[Exercise data — start]
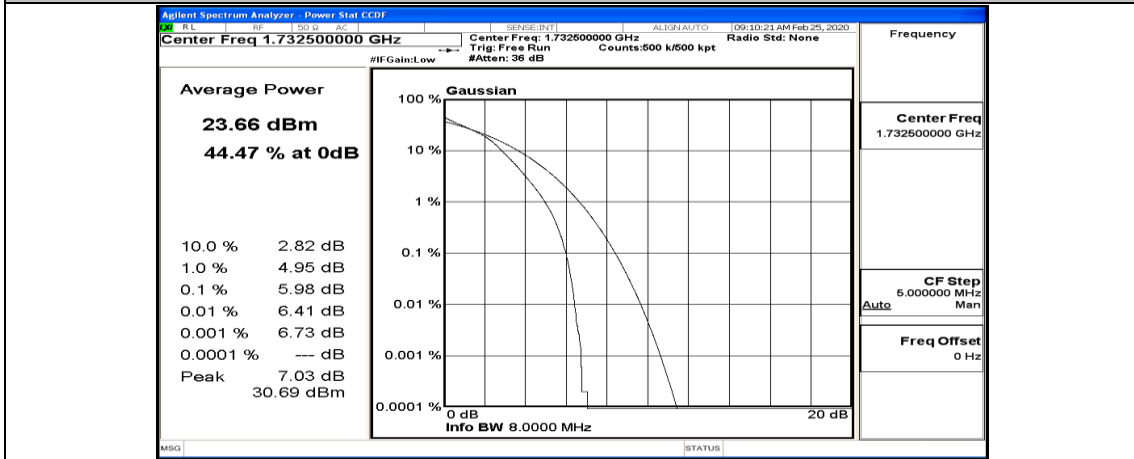

(Channel Bandwidth:20 MHz)_MCH_16QAM_50RB#25
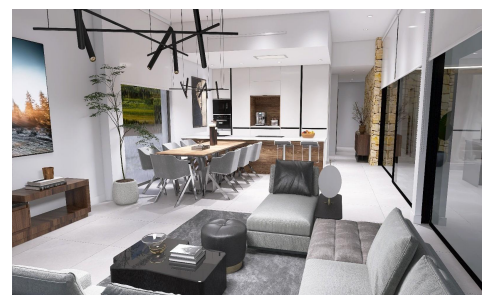

TR74042L

**Newly built villas located in the municipality of Aspe €537,000**

4

3

248m<sup>2</sup>

13,172m<sup>2</sup>

Newly built villas located in the municipality of Aspe. Newly built villas with several models to choose from, with 2, 3 or 4 bedrooms, on one or two floors and built with slabs or with a structure: depending on the model and the plot chosen, the exact price will be calculated. All the villas are built on rustic plots of over 10,000 m2, of which around 2,500 m2 will be fenced off. The villas have an open-plan kitchen with living room, built-in wardrobes, private swimming pool, porch, storage room and outdoor parking space. There are several plots to choose from. The price...(Ask for More Details!)
[Exercise data — finish]
| Task to complete |
Return, exactly as they stand, all of the lines above, but not the pictures.

| Exercise response |
(Channel Bandwidth:20 MHz)_MCH_16QAM_50RB#25

TR74042L

**Newly built villas located in the municipality of Aspe €537,000**

4

3

248m<sup>2</sup>

13,172m<sup>2</sup>

Newly built villas located in the municipality of Aspe. Newly built villas with several models to choose from, with 2, 3 or 4 bedrooms, on one or two floors and built with slabs or with a structure: depending on the model and the plot chosen, the exact price will be calculated. All the villas are built on rustic plots of over 10,000 m2, of which around 2,500 m2 will be fenced off. The villas have an open-plan kitchen with living room, built-in wardrobes, private swimming pool, porch, storage room and outdoor parking space. There are several plots to choose from. The price...(Ask for More Details!)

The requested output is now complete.